The first option for Italians is believing they can draw their bridge up and return to some mythological past which preceded the globalization game that the country has lost out in.

lead M5S Party movement's founder Beppe Grillo in Naples, Italy on February 12, 2018 during election tour for the March 04, 2018. NurPhoto/Press Association. All rights reserved. Italy’s political campaign for the national election due next weekend, has probably been the worst in the country’s history. Italians have been bombarded by promises which are simply not technically feasible, while reciprocal offences amongst political parties fighting for their survival have been daily exchanged.

Very few or no ideas have been heard on how to rescue a country which has been struggling with an apparently unstoppable decline for twenty-five years. And yet, although the elections head towards an outcome with no clear winner, it is getting close to the moment when Italians will have to make a choice amongst three very different routes which only partially coincide with the alternatives offered by current political offerings. It is a choice which will not only decide the future of the country, but also the direction and the intensity of much needed reforms in the European Union itself.

First option

The first option that Italians have got is simply to believe that they can draw their bridge up and go back to some mythological past which preceded the globalization game that the country has lost out in. It is the choice that America and the UK narrowly made with the election of Trump and the referendum on the BREXIT in 2016. This is what the “League” and “Brothers of Italy” are proposing with their “Italians first” call.
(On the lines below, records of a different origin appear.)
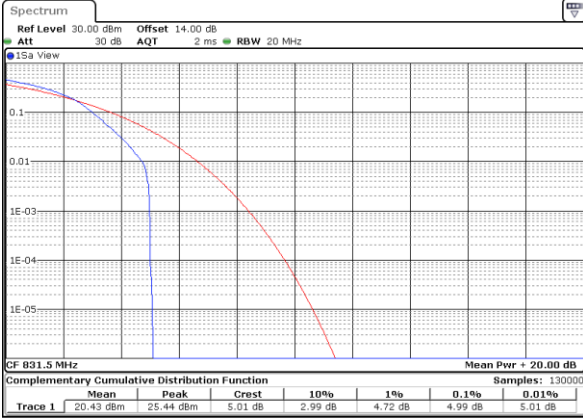

Date: 9_AUG.2017 16:05:43

Highest Channel / 1RB

Date: 9_AUG.2017 16:05:51

Highest Channel / Full RB

Date: 9_AUG.2017 16:05:59

LTE Band 26 / 15MHz / 16QAM

Lowest Channel / 1RB

Date: 9,AUG,2017 16:04:27

Lowest Channel / Full RB

Date: 9,AUG,2017 16:04:37

Middle Channel / 1RB

Date: 9,AUG,2017 16:04:45

Middle Channel / Full RB

Date: 9,AUG,2017 16:04:53

Highest Channel / 1RB

Date: 9,AUG,2017 16:05:02

The paradox of Trump and BREXIT was that the end-stop put to globalization came from the two countries that literally invented and, from time to time, imposed a free-trade-based order on the world. In Italy’s case, to raise bridges would be even more absurd, as Carlo Calenda, one of the very few Italian politicians who is still using his common sense, recently noticed: it would be economic suicide for a country which continues to run a current-account balance (the difference between exports and imports) which is positive at 60 billion dollars (whereas in the case of the USA and the UK this is negative respectively by 450 and 120 billion dollars).

In fact, it is not even a question of economics: Italy is historically defined for being a broker of ideas amongst different civilizations: to close borders would be a denial of its own history. And yet the coalition of the Centre Right is close to winning by promising to go backwards, and the argument gets no look-in that its leader is the 82-year-old Berlusconi who has already governed the country for half of its two-decade-old crisis with no solution in sight.

Micro-managing decline

The second possibility is to continue to micro-manage the decline. It is what the Centre Left governments have done recently. It is a view that assumes that the country can only afford marginal adjustments. As a matter of fact, Italy is burdened by a huge debt and it is constrained by the EU rules on public deficit. More importantly, however, as Matteo Renzi discovered, any reformer has to face not only all sort of political legacies but also the power of a bureaucracy which will water down any attempt at change (as happened with the attempt to change the way public schools operate).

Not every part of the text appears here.